# being bald in mma



## UFC86 (May 21, 2010)

edit: does being bald help when fighting? look at p4p list


----------



## kantowrestler (Jun 6, 2009)

I don't really think baldness really has anything to do with it. It's just coincidence that all these top guys were top fighters cause look at all the champions now!:thumb02:


----------



## Sousa (Jun 16, 2007)

Aldo isn't bald...


----------



## vilify (Mar 23, 2010)

Most tough guys are bald.




Just an observation.


----------



## HexRei (Apr 27, 2007)

less hair = less traction when slipping out of submissions, moisture evaporates faster off a bare scalp cooling you more quickly, no potential for "accidental" hair grabs, shaved hair never gets in your eyes, and even if it's just an ounce, it means less weight to cut. so from a competitive standpoint there are reasons to shave your head.

and then there are fashion reasons, GSP is considered to be pretty GQ with his bald head. And do you think BJ Penn really wants anyone seeing his hairline that clearly?


----------



## kantowrestler (Jun 6, 2009)

What does GQ stand for?


----------



## HexRei (Apr 27, 2007)

Gentleman's Quarterly. Basically a magazine for dudes to get inspiration from the rich handsome famous playas of the world.


----------



## kantowrestler (Jun 6, 2009)

So big money pimps weigh in on how an average joe can become like them?


----------



## HexRei (Apr 27, 2007)

kantowrestler said:


> So big money pimps weigh in on how an average joe can become like them?

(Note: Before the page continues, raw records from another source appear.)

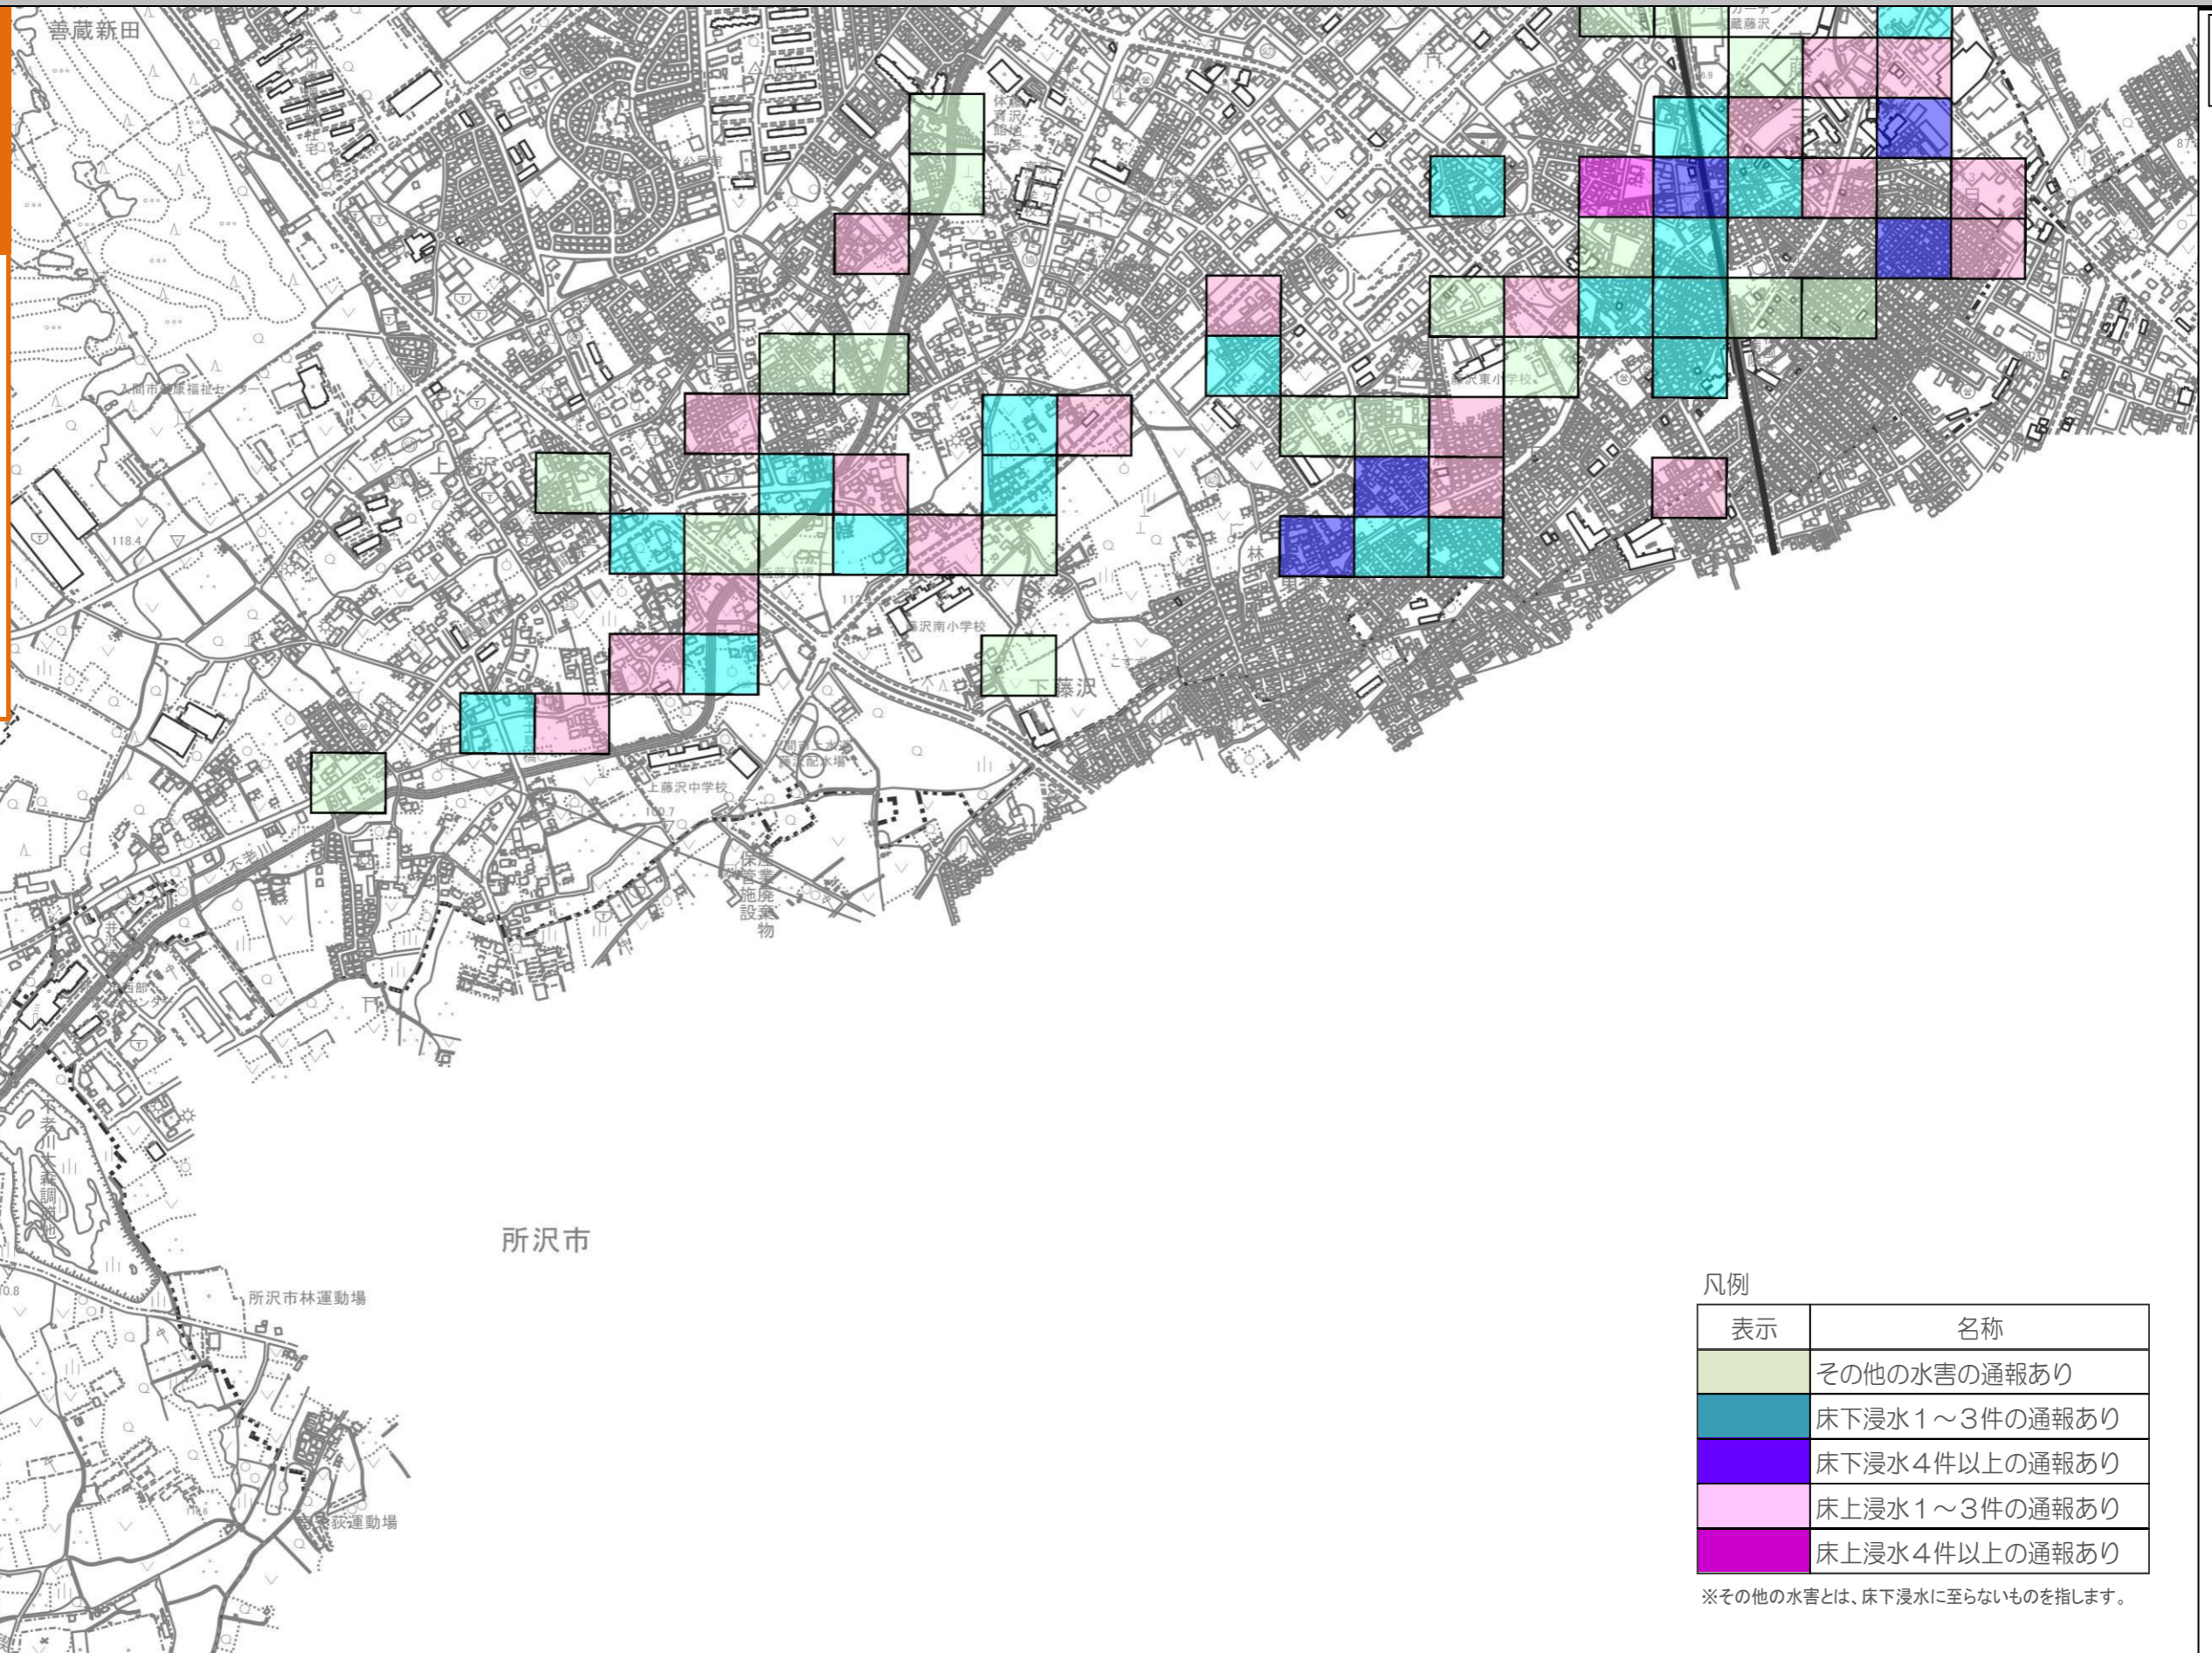

7

豊岡地区

(善蔵新田)

宮寺・二本木地区

地区

(宮寺)

藤沢地区

(上藤沢・下藤沢・東藤沢)

凡例

表示	名称
■	その他の水害の通報あり
■	床下浸水1～3件の通報あり
■	床下浸水4件以上の通報あり
■	床上浸水1～3件の通報あり
■	床上浸水4件以上の通報あり

※その他の水害とは、床下浸水に至らないものを指します。

Dude, do you actually live in the united states? GQ is a hugely distributed publication, I don't see how you can not have noticed it in stores if you live in Orange.


----------



## North (Mar 29, 2010)

HexRei said:


> less hair = less traction when slipping out of submissions, moisture evaporates faster off a bare scalp cooling you more quickly, no potential for "accidental" hair grabs, shaved hair never gets in your eyes, and even if it's just an ounce, it means less weight to cut. so from a competitive standpoint there are reasons to shave your head.


Same reason why some dudes shave their body hair too, and/or their faces, friction. Having thick facial hair just adds friction when a fist hits your face, reducing the chance that it'll slide and turn into a glancing blow. 

And yeah, some guys just look super fly clean cut. 

-North


----------



## Leed (Jan 3, 2010)

like 99% of MMA fighters are short haired.


----------



## Rauno (Nov 20, 2009)

Clay Guida would have been a world champion by now, if he'd cut his hair. 

Jokes aside, being bald sure has benefits but it's not that much of a big factor.


----------